The British economy shrunk by 0.6% in the third quarter of this year.
The Office of National Statistics previously estimated that Gross Domestic Product (GDP) – the official measure of economic growth – contracted by 0.5% during the period.
But falling manufacturing output has led the ONS to revise this forecast, meaning the economic downturn is worse than previously thought.
Two consecutive quarters of negative economic growth are generally used to indicate a recession.
Jonathan Loynes, chief European economist at Capital Economics, says: "With GDP shaping up to fall by as much as 1% or more in quarter four – providing a very weak platform for next year - we now expect the economy to contract by around 2.5% in 2009."
Meanwhile, figures from the British Bankers’ Association show mortgage lending fell sharply in November, with just £2.9 billion home loans approved during the month. In contrast, lending was £3.3 billion in October and the previous six-month average was £3.5 billion.
At the same time, the amount of money deposited rose by £3.9 billion – up 4.2% on the year.
David Dooks, statistics director at the BBA, says the sharp fall in borrowing is a perverse reaction to lower Bank of England interest rates.

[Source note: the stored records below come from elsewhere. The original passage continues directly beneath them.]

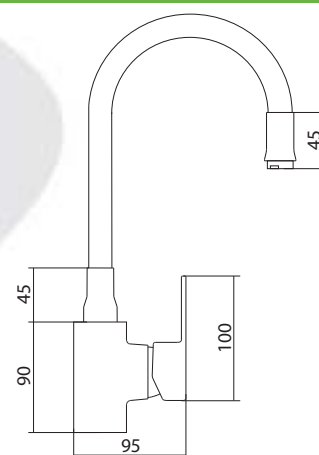

## СЛ-ЦВ-Ф26

Смеситель для мойки с высоким изливом из силикона, одноручный

**Материал корпуса:** латунь  
**Материал ручки:** металл  
**Цвет:** белый  
**Тип затвора:** керамический картридж Ø35 мм, угол поворота 100°  
**Тип крепления:** универсальная монтажная гайка  
**Тип подводки для воды:** гибкая подводка из нержавеющей стали, L=400 мм  
**Тип аэратора:** пластиковый в металлическом корпусе  
**Тип излива:** гибкий, из силикона, L=395 мм

“The 1.5% November reduction in base rate caused lenders to re-assess product ranges and borrowers to reconsider future borrowing costs, so consequently there was another drop in market activity,” he explains.
“Volumes of mortgage approvals reached new lows and, with house prices still falling, the encouragement of lower costs had not filtered through by the month-end, largely because people remain concerned about the impacts of the rapidly slowing economy on their personal finances.”
Dooks attributes the increase in saving deposits to the collapse of the Icelandic banks, with people moving their nest eggs into high street banks. The ONS also reports a slight rise in household savings, and this trend is expected to pick up pace next year as falling house prices and rising unemployment stop people spending.